→ **WHAT THE TASK ASKS**
Go through the data below and return each line where the string "players" appears.

→ **RECORDS TO PROCESS**
• • • • • • •

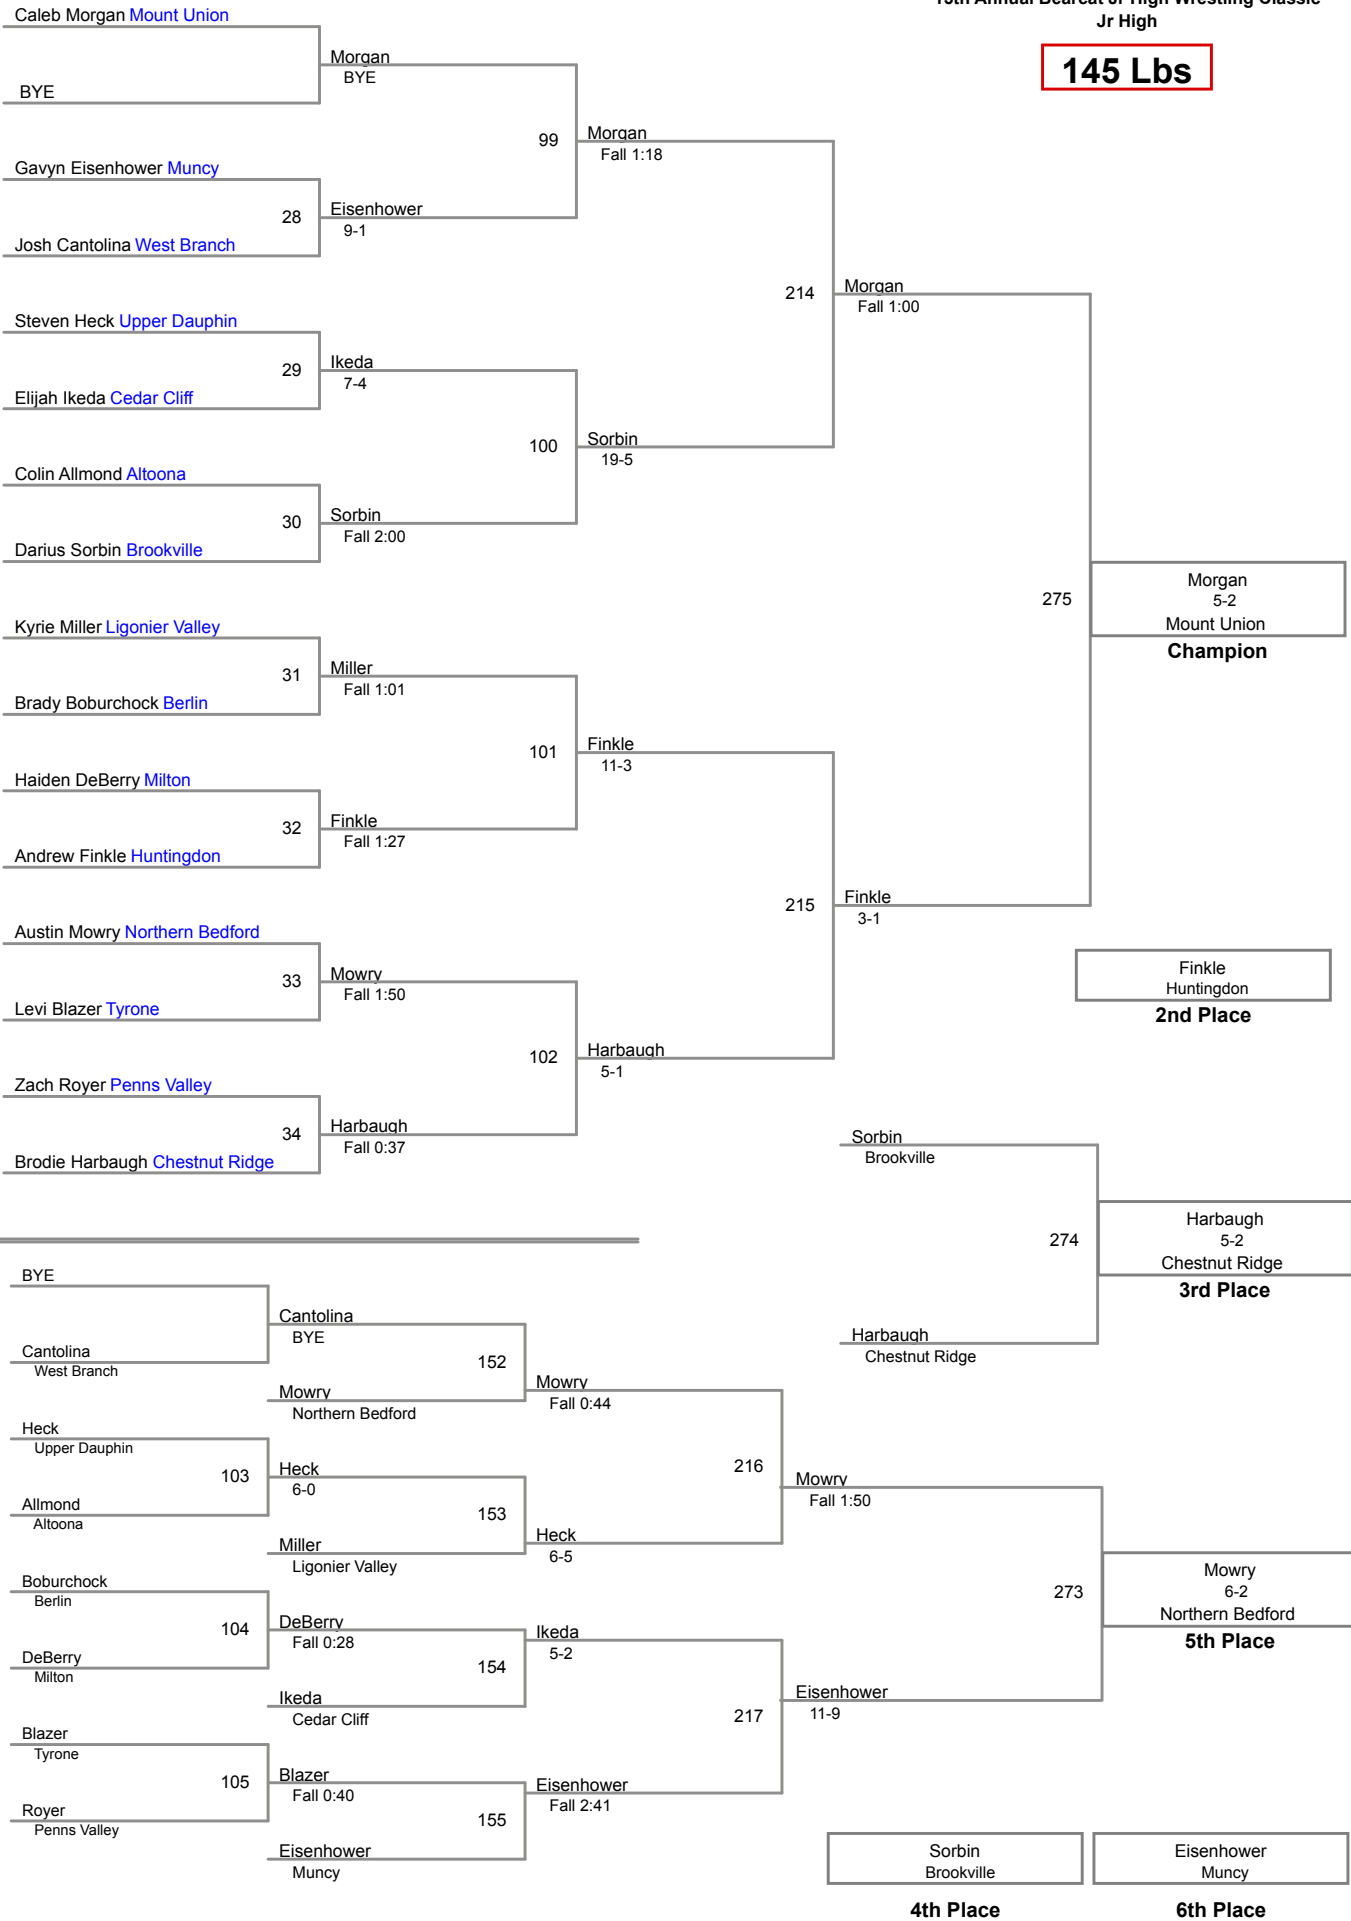

15th Annual Bearcat Jr High Wrestling Classic
Jr High

145 Lbs
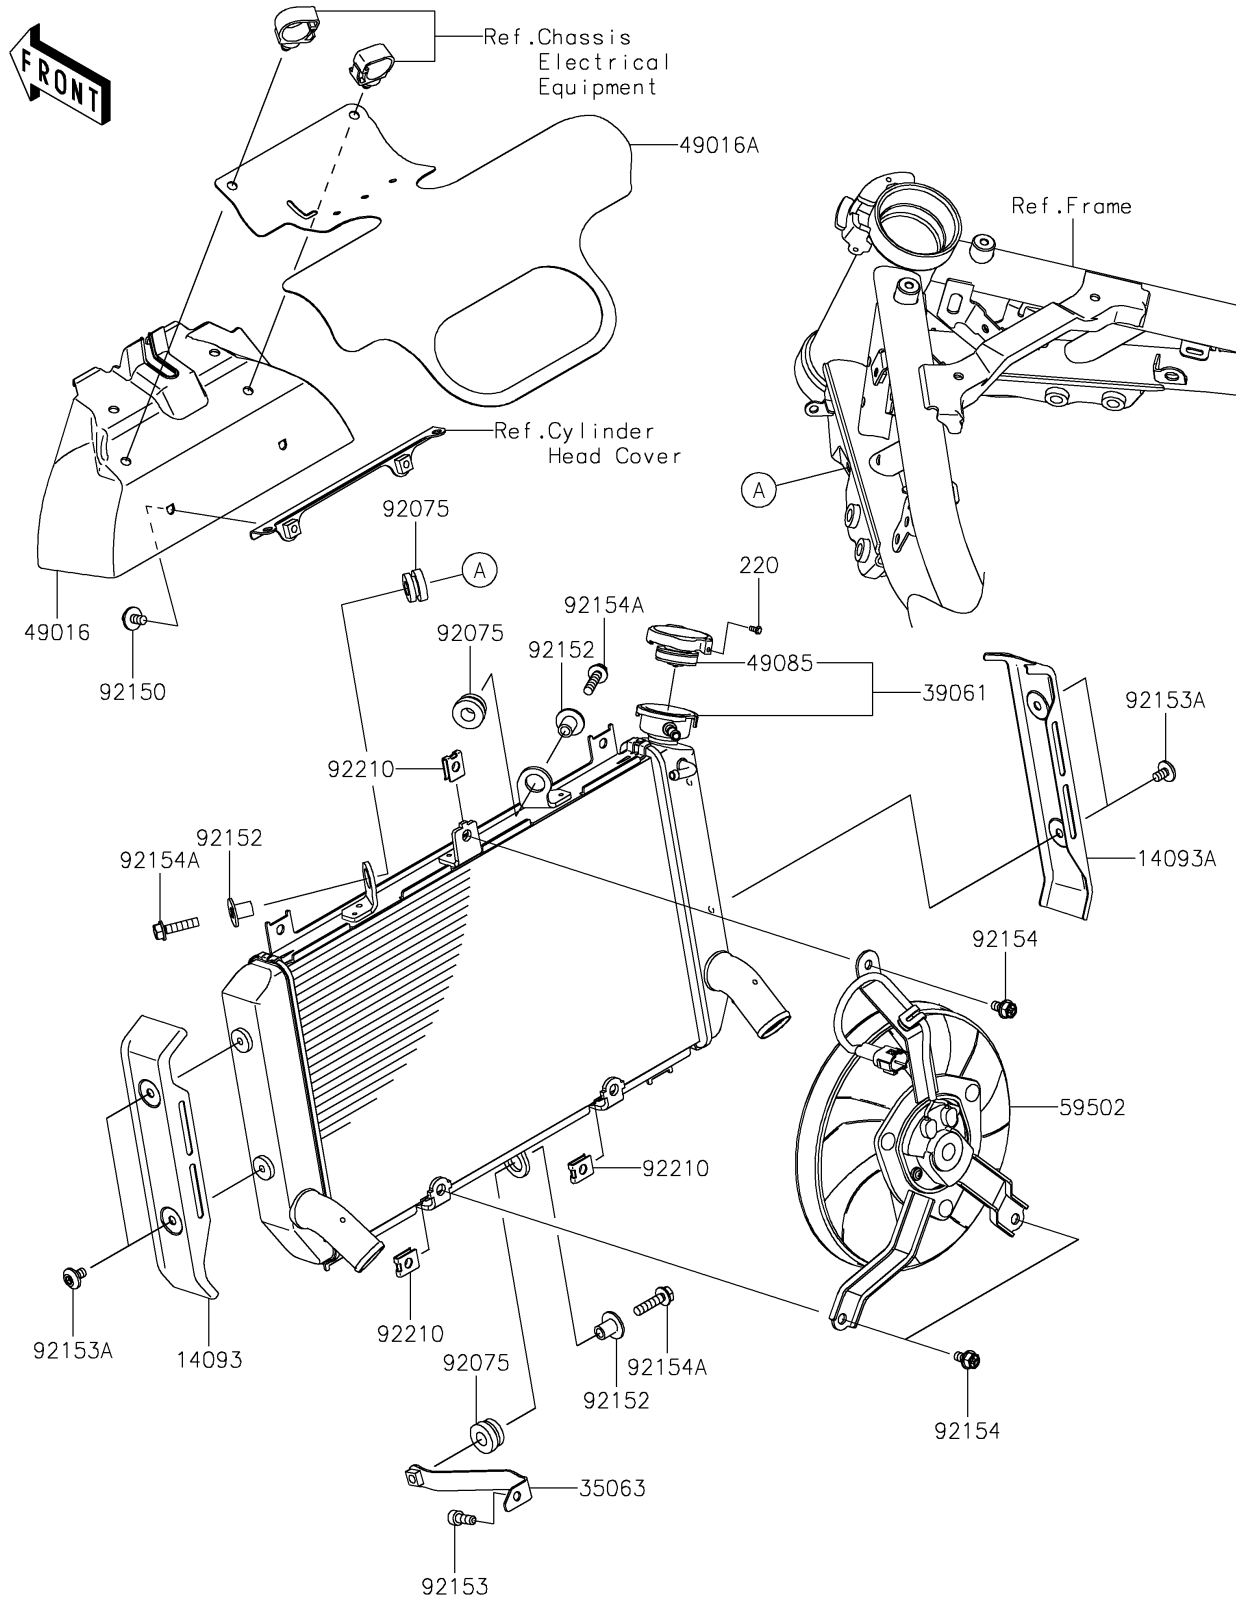

# 2021 Z900RS ABS PARTS DIAGRAM

Radiator

E3032

## 2021 Z900RS ABS PARTS LIST

### Radiator

ITEM NAME	PART NUMBER	QUANTITY
COVER,RADIATOR,LH,SILVER (Ref # 14093)	14093-1000-28Z	1
COVER,RADIATOR,RH,SILVER (Ref # 14093A)	14093-1001-28Z	1
SCREW-PAN-CROS,3X6 (Ref # 220)	220AB0306	1
STAY (Ref # 35063)	35063-1512	1
RADIATOR-ASSY (Ref # 39061)	39061-0809	1
COVER-SEAL,HEAT (Ref # 49016)	49016-0647	1
COVER-SEAL,HEAT (Ref # 49016A)	49016-0648	1
CAP-ASSY-PRESSURE (Ref # 49085)	49085-0016	1
FAN-ASSY (Ref # 59502)	59502-0614	1
DAMPER,RUBBER (Ref # 92075)	92075-1123	3
BOLT,6X12 (Ref # 92150)	92150-1891	2
COLLAR (Ref # 92152)	92152-0667	3
BOLT,SOCKET,6X16 (Ref # 92153)	92153-1344	1
BOLT,SOCKET,6X10 (Ref # 92153A)	92153-1628	4
BOLT (Ref # 92154)	92154-1429	3
BOLT,FLANGED,6X22 (Ref # 92154A)	92154-2673	3
NUT (Ref # 92210)	92210-1323	3
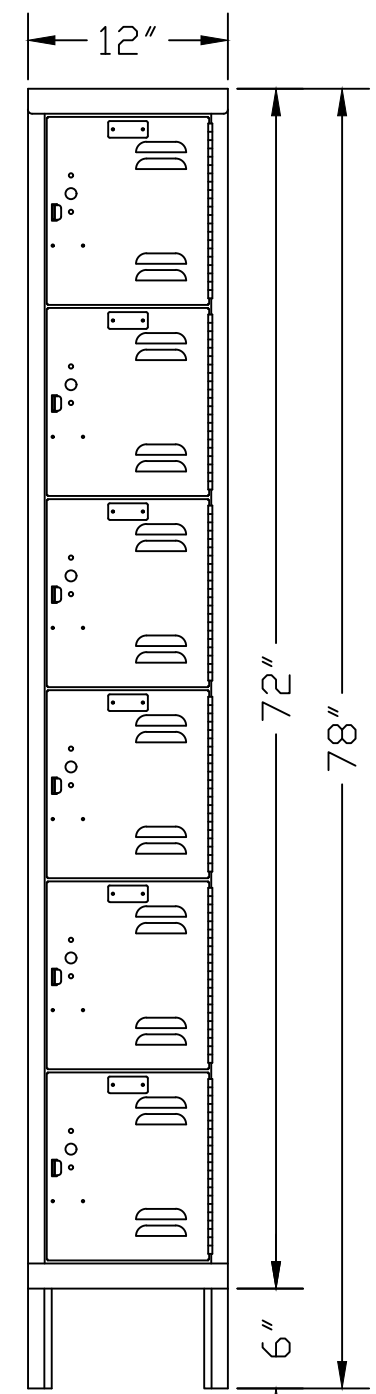

HALLOWELL "PREMIUM" K.D. SIX TIER BOX LOCKER (PRODUCT No. U1258-6) (1-WIDE)

HALLOWELL PREMIUM "KD" BOX LOCKER SPECIFICATION

COMPONENT	GAUGE	MATERIAL	REMARKS
DOORS	18	COLD ROLLED STEEL	3" LOUVERS
FRAMES	16	COLD ROLLED STEEL	SOLID
TOPS	24	COLD ROLLED STEEL	SOLID
BOTTOMS	24	COLD ROLLED STEEL	SOLID
SHELVES	24	COLD ROLLED STEEL	SOLID
SIDES	24	COLD ROLLED STEEL	SOLID
BACKS	24	COLD ROLLED STEEL	SOLID
HANDLE		ANTIMICROBIAL NYLON	FRICITION CATCH DOOR PULL
HINGE	16	COLD ROLLED STEEL	CONTINUOUS PIANO TYPE

SIDE VIEW

FRONT VIEW

LATCHING: (BOX DOOR) SINGLE POINT FRICTION CATCH WITH DOOR PULL. DOOR WILL ACCEPT BUILT-IN LOCK OR PADLOCK.

**FOR SUBMITTAL
USE ONLY**
SUBJECT TO APPROVAL

THIS DRAWING AND THE INFORMATION ON IT IS THE CONFIDENTIAL PROPERTY OF HALLOWELL, INC. AND SHALL NOT BE COPIED OR DISCLOSED TO OTHERS WITHOUT WRITTEN PERMISSION. ONLY HALLOWELL, INC. RESERVES THE RIGHT TO ALTER ANY DESIGN. ANY UNAUTHORIZED MODIFICATIONS RELEASES HALLOWELL, INC. FROM ALL LIABILITIES.

TOLERANCES UNLESS SPECIFIED:
FRACTIONS: ±1/32 DECIMALS: ±.010 DEGREES: ±1°

Customer: CUSTOMER
Customer Order Number: PO#
Description: JOB_NAME LOCATION

Drawn By: DRAFTER Checked By: Date: DATE Scale: NONE
Acad Number: PAGE_NUMBER SHEET OF OF Revision:
Drawing Number: FOLDER_NUMBER
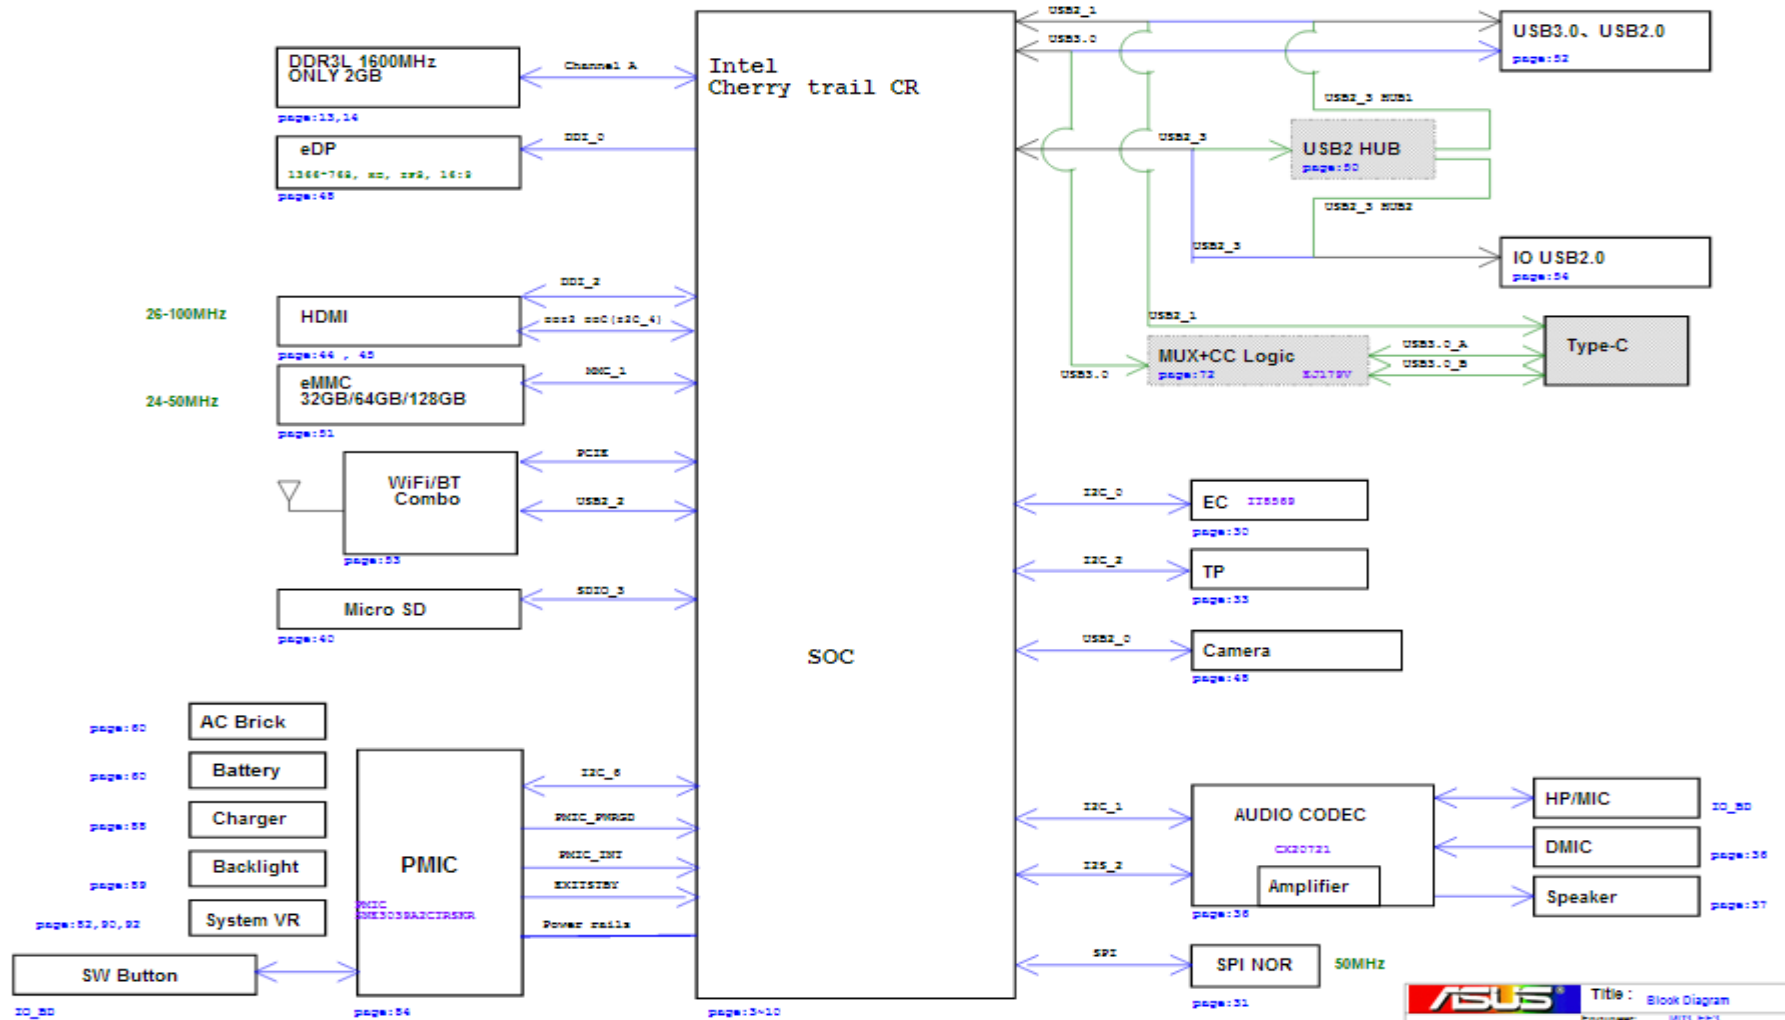

## BLOCK DIAGRAM

### E200HA Block Diagram

<b>ASUS</b>		Title : Block Diagram	
File Name	E200HA	Engineer	HUI JIN
Rev	1.0	Rev	1.0

## E200HA Power Map

# Signal Measure Point-Top
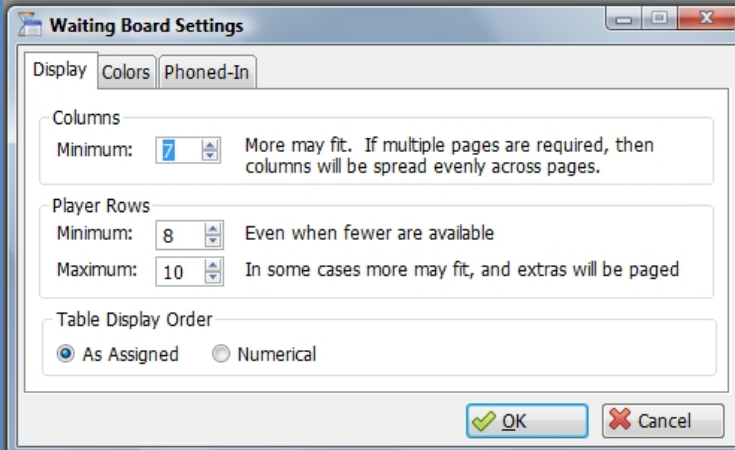

# CASINO WAITING BOARD

## FEATURES

- ◆ Fully customizable display
- ◆ Monitor the status of all the games; Identify which games are *Going*, *Must Move*, or *Taking Requests*
- ◆ Register groups of players for the same game or one player for multiple games with a single click
- ◆ Remove players from the board once they are seated but easily restore the names if they were accidentally removed
- ◆ Full control of the order of the list
- ◆ Control the Phone-In list
- ◆ Display any advertisement or text on the Ticker
- ◆ Display all games on a single monitor or split the games to display on multiple monitors

• • • • • • •

→ **YOUR SOLUTION**
- ◆ Register groups of players for the same game or one player for multiple games with a single click
- ◆ Remove players from the board once they are seated but easily restore the names if they were accidentally removed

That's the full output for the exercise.